2023 AIChE Annual Meeting

(545g) Flexible Backbone Membrane-Associated Protein Docking Improves Its Performance on Expanded Transmembrane-Protein Complex Datasets.

Authors

Samanta, R. - Presenter, The University of Texas at Austin
Harmalkar, A., Johns Hopkins University
Gray, J. J., John Hopkins University
The oligomerization of protein macromolecules on cell surfaces plays a fundamental role in regulating cellular function, including signal transduction and the immune response. Despite their importance, membrane proteins (MPs) represent only 2% of all protein structures in the protein data bank (PDB), and their complexes are even scarcer. Computational methods are promising tools for modeling MP interfaces and predicting complex structures. Here, we present RosettaMPDock, a flexible transmembrane protein docking protocol that captures binding induced conformational changes. To generate diversity in backbone conformations for the RosettaMPDock, we used three conformer generation methods: perturbation of the backbones along the normal modes by 1 Å, refinement using the Relax protocol, backbone flexing using the Rosetta Backrub protocol. RosettaMPDock samples large conformational ensembles of flexible monomers and docks together protein targets within an implicit membrane environment.
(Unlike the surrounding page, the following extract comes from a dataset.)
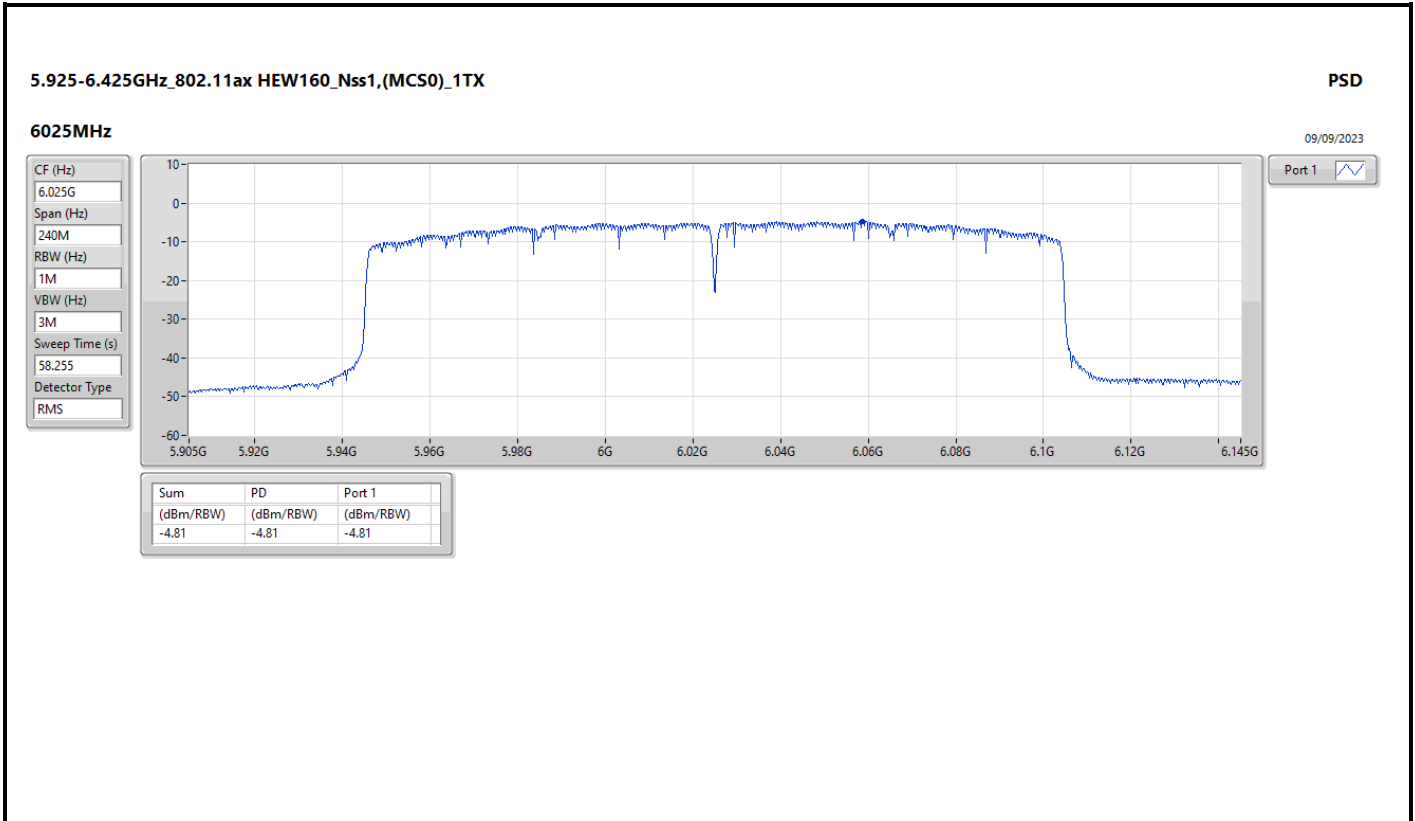

DG = Directional Gain; RBW = 500kHz for 5.725-5.85GHz band / 1MHz for other band;
 PD = trace bin-by-bin of each transmits port summing can be performed maximum power density; Port X = Port X Power Density;

To improve the scoring efficiency, we have used a combination of low-resolution Motif Dock Score and membrane based high-resolution score Franklin2023. RosettaMPDock is benchmarked on 30 transmembrane-protein complexes of variable flexibility dataset. Our results show RosettaMPDock successfully predicts the correct interface (success defined as achieving 3 near-native structures in the 5 top-ranked ones) for 67% of moderately flexible targets (unbound-bound backbone motion within 1.5-2.5Å) and 60% of the highly flexible targets (unbound-bound backbone motion greater than 2.5Å), a substantial improvement from the existing membrane protein docking methods. We have also developed a hybrid protocol that refines AlphaFold-multimer structures with RosettaMPDock and further improves prediction success rates from 64% to 73%.